In a written statement, the law firm defendants said the allegations don’t deserve to even be characterized as meritless.  “We will defend it, of course, and we will win. There is no payday coming for Mr. Kassab, the lawyer who filed this lawsuit.  We categorically deny his lawsuit’s allegations which we consider pure fiction,” the defendants wrote in the statement.

They wrote that Bragg’s lawsuit is retaliation by his attorney, Lance Kassab, because AZA is working pro bono, defending the estate of a Houston attorney who was sued for barratry by Kassab.  Lance Kassab could not be reached for immediate comment, but his nephew, David Kassab, who works with his uncle at Kassab Law Firm, said he is not surprised the defendants would say that.

“It’s absolutely ludicrous. We are happy to represent Mr. Bragg in his lawsuit against AZA because of the conduct as alleged in the petition,” David Kassab said.  In their statement, the law firm defendants also said that if Michael Cohen, President Trump’s former lawyer, still had a law license, “even he would have refused to take this case.”

‘Questionable’ Billing

As alleged in Bragg v. Zavitsanos, Bragg hired AZA shortly after Vantage Drilling International, a successor to Vantage Drilling, fired him on March 21, 2016, and Anaipakos and Ahmad were the main lawyers at AZA representing him.  “After reviewing the employment agreement, both lawyers told Bragg he had a ‘slam dunk’ case and that Vantage would be held responsible for severance pay, MIP [management incentive plan] awards, legal fees and expenses,” Bragg alleges in the petition.

Bragg alleges Vantage offered him severance, excluding the MIP, when he was terminated, but he declined the offer.
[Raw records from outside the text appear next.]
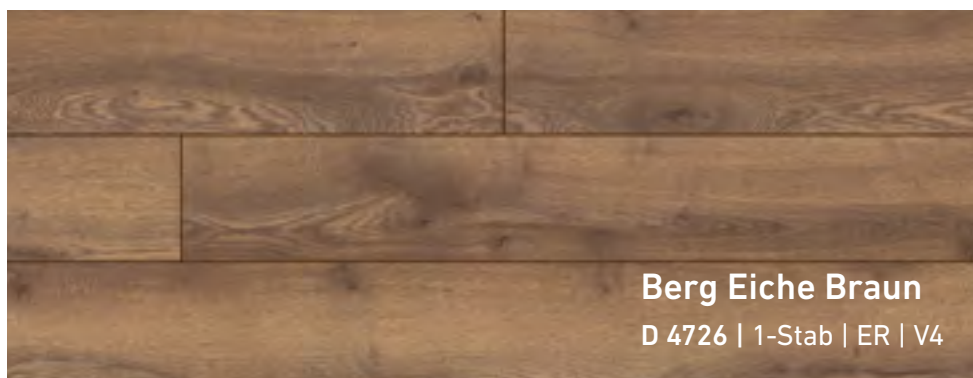

Berg Eiche Braun

D 4726 | 1-Stab | ER | V4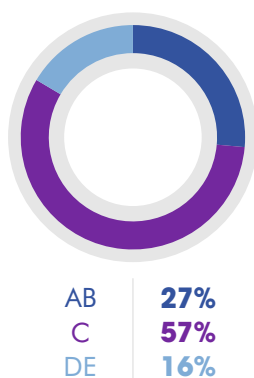

O ÁLBUM DA GRANDE FAMÍLIA

FID* 75%

Segunda a Sexta | 15h45

O Álbum da Grande Família continua na grade e traz de volta personagens queridos da telinha. O programa faz uma homenagem a todos os personagens, com uma seleção dos episódios mais marcantes de cada temporada, costurados por uma narração inédita de Lineu (Marco Nanini).

PERFIL DE AUDIÊNCIA

SEXO

CLASSE SOCIAL

FAIXA ETÁRIA

ÍNDICE DE AFINIDADE

*FID (Fidelidade) - Indica a permanência média dos telespectadores em um programa/faixa horária (porcentagem do programa/faixa horária a que o target assiste).

**Índice de Afinidade - Mostra o quanto um programa é eficiente para determinado público. Quanto > 100 for o índice, maior será a afinidade do público com o programa.

OBS: MM ABCDE 04+; AS ABCDE 35-49; AS ABCDE 50-59; AS ABCDE 18+; AS C 04+; AS DE 04+; MM ABCDE 18+; MM ABC 25+; AS ABCDE 50-59*; AS ABC 25+; MM AB 25+; AS CDE 04+; AS C 18+; possuem valores de 100 a 126.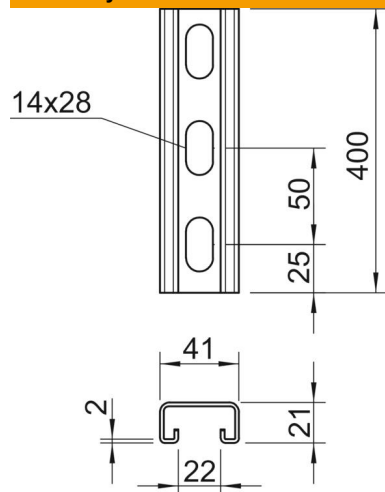

Techniniu duomeniu lapas

Montavimo bėgelis MS4121, 22 mm įpjova, FS, perforuotas

Prekės numeris: 1122953

Sunkūs C profiliniai bėgeliai individualioms laikančiosioms konstrukcijoms instaliuoti, pvz., kabelių loveliams arba skirstomųjų spintų konsolėms. Taip pat tinka naudoti tiesiant kabelius sujungime su apkaba-laikikliu su U formos kojele.

St Plienas

FS cinkuotas

Pagrindiniai duomenys

Prekės numeris	1122953
Tipas	MS4121P0400FS
1 pavadinimas	Profiliuotas bėgis
2 pavadinimas	perfor., vidaus plotis 22 mm
Gamintojas	OBO
Dydis	400x41x21
Medžiaga	Plienas
Paviršius	cinkuotas juostiniu būdu
Paviršiaus standartas	DIN EN 10346
Mažiausias pardavimo vienetas	1
Kiekio vienetas	Vienetas
Svoris	56,4 kg
Svorio vienetas	kg/100 vnt.

Techninių duomenų lapas

Montavimo bėgelis MS4121, 22 mm įpjova, FS, perforuotas

Prekės numeris: 1122953

Matmenys

Ilgis	400 mm
Plotis	41 mm
Aukštis	21 mm
Matmuo L	400 mm

Techniniai duomenys

Atlaužiamas	ne
Perforavimo rūšis	Perforuotas galinėje pusėje
Išvadas	Viengubas profilis
Atstumas tarp gręžtinių skylių centrų	50 mm
Opprettholdelse av funksjon	ne
Medžiagos storis	2 mm
Perforuota	ne
Dantytas	taip
Profilio forma	C profilis
plyšiui	22 mm
Statinė vertė A	1,65 cm ²
Statinė vertė Iy	0,95 cm
Statinė vertė Iz	4,51 cm
Statinė vertė Wy	0,89 cm ²
Statinė vertė Wz	2,2 cm ²

He also alleges that on the advice of AZA counsel, he declined a similar offer during mediation in September 2016 and also one just prior to an arbitration in July 2017.  “Importantly, each time the offer was made, AZA counsel reacted with disdain to the offer and held firm that Bragg would prevail on the MIP award,” Bragg alleges in the petition.

Bragg claims that on the third day of the arbitration, his AZA lawyers were “suddenly very negative about the likelihood of prevailing on the MIP award,” and they encouraged him to accept the Vantage offer on the table, to which he “reluctantly agreed.”  Bragg alleged that his employment agreement required Vantage to pay him up to $300,000 in legal fees for any dispute with the company, but it paid only $108,000 because that is all AZA had invoiced prior to the time of settlement.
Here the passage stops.